:: Dataset ::

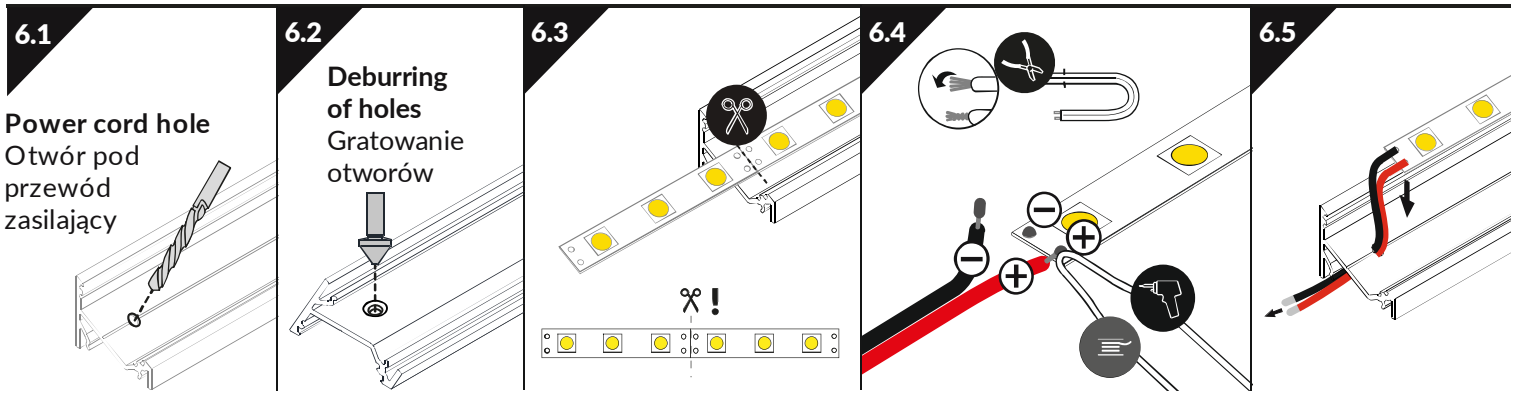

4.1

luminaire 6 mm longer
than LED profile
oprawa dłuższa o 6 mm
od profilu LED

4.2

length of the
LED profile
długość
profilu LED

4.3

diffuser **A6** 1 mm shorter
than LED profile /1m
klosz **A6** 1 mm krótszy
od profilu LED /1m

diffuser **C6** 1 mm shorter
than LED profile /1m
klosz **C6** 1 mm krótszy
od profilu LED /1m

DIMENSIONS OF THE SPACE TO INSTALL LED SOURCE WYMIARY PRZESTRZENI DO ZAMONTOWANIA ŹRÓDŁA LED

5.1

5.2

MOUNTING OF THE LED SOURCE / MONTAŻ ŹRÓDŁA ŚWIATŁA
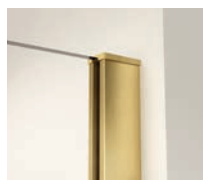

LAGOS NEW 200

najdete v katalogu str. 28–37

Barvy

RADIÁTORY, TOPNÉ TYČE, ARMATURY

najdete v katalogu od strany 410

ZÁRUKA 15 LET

:::

**About this exercise:** Transcribe the records verbatim and omit the images.

**Task solution:**
4.1

luminaire 6 mm longer
than LED profile
oprawa dłuższa o 6 mm
od profilu LED

4.2

length of the
LED profile
długość
profilu LED

4.3

diffuser **A6** 1 mm shorter
than LED profile /1m
klosz **A6** 1 mm krótszy
od profilu LED /1m

diffuser **C6** 1 mm shorter
than LED profile /1m
klosz **C6** 1 mm krótszy
od profilu LED /1m

DIMENSIONS OF THE SPACE TO INSTALL LED SOURCE WYMIARY PRZESTRZENI DO ZAMONTOWANIA ŹRÓDŁA LED

5.1

5.2

MOUNTING OF THE LED SOURCE / MONTAŻ ŹRÓDŁA ŚWIATŁA

LAGOS NEW 200

najdete v katalogu str. 28–37

Barvy

RADIÁTORY, TOPNÉ TYČE, ARMATURY

najdete v katalogu od strany 410

ZÁRUKA 15 LET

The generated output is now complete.